Joe, I would like to thank you for pointing out, with extreme clarity, that the “blanket analogy” exactly describes an actual greenhouse and not the atmosphere. I have heard these warmists proclaim over and over again, how the way a “greenhouse” works isn’t really how the atmosphere works, and that the term “greenhouse” is just a term used, however, they will then spin right around and say “but it works like a blanket” … ROFL … and yet, a “blanket” is precisely how a real “greenhouse” works.

You just can’t make up stupid like that.

To Willis, I thank you for your demeanor. Your response to me was very pleasant indeed, despite the fact that I was really calling you a dumbass.

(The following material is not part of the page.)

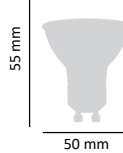

Asalite Halogen Bulb GU10 spot 35W/52W 2800K (320/510 lumen)

The Asalite brand is also a solution to the need for long-term reliable quality for halogen bulbs, keeping the aesthetic design in mind. The Asalite halogen bulbs are an ideal choice for any type of luminaire with the right socket in mind.

I do appreciate the respect you have shown me, very much different than when I was originally arguing these points with you and others in the comments on the original Steel Greenhouse posting on WUWT, where you and Anthony would throw wild punches at practically any question I asked, or any criticism I gave, which is the reason I no longer consider WUWT a credible source of information, nor do I frequent there anymore.

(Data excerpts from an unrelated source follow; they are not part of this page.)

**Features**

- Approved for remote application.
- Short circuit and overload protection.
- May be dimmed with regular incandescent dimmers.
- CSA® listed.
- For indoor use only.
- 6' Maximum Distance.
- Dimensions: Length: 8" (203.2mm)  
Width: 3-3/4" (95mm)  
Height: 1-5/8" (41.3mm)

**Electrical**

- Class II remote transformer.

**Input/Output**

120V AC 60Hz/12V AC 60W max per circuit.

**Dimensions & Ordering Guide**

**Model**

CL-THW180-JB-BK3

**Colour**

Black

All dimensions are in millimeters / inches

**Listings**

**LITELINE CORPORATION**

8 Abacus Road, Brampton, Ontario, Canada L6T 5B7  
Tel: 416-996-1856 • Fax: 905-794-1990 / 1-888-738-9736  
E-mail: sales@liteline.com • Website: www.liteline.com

In closing to Willis, it would be nice of people such as yourself, to have the capacity to realize their errors and respectfully admit to them. Your “Steel Greenhouse” thought experiment is a bust. It doesn’t work. It has been shown 1000 ways from Sunday how it does not work, and yet you insist that it does, spinning the most incredible mental gymnastics in the process. Would it not be easier to admit to the mistakes in this experiment, learn by them, and thank those people, such as Joe and others, for their hard work at determining the real truths? Afterall, isn’t truth the whole objective here? I might remind everyone, this “Steel Greenhouse” thought experiment was born out of “Yes Virginia, a colder object can make a warmer object warmer still” by Dr. Roy Spencer. He is wrong, and has been proven to be wrong time and again, by a plethora of people and facts. The “Steel Greenhouse” is simply a spin of the same failed topic from Spencer. Accept the errors, learn by them and seek the truth.

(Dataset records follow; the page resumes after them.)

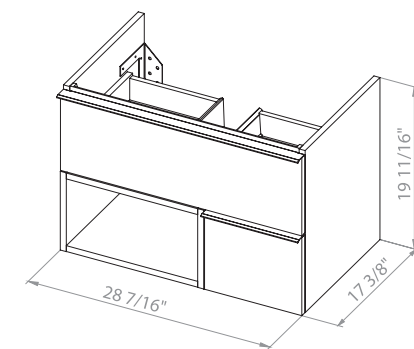

Washbasin Arte 25.6"

Bath.
Oasis
VANITY COMFORT

MONROE 30

**Bath.
Oasis**
VANITY COMFORT

Monroe 30 Antracit/Alicante
Wall-mounted cabinet with
washbasin Arte 29.5"

Washbasin Arte 29.5"

**Bath.
Oasis**
VANITY COMFORT

Joe, thank you so much for continuing to exercise patience and clearly illustrating the truth here! I appreciate it more than you can know.

50. Willis,

From memory of the original article and what you have said here, you made the assumption of a small distance between the sphere and the shell to make the maths easier. Let me try and say what is being explained to you here in another way.

Let’s assume that there is a large distance between the sphere and the shell. After all if the principle you are explaining is valid, it should not matter what the actual values are. Let’s give some values to some things to make everything clearer.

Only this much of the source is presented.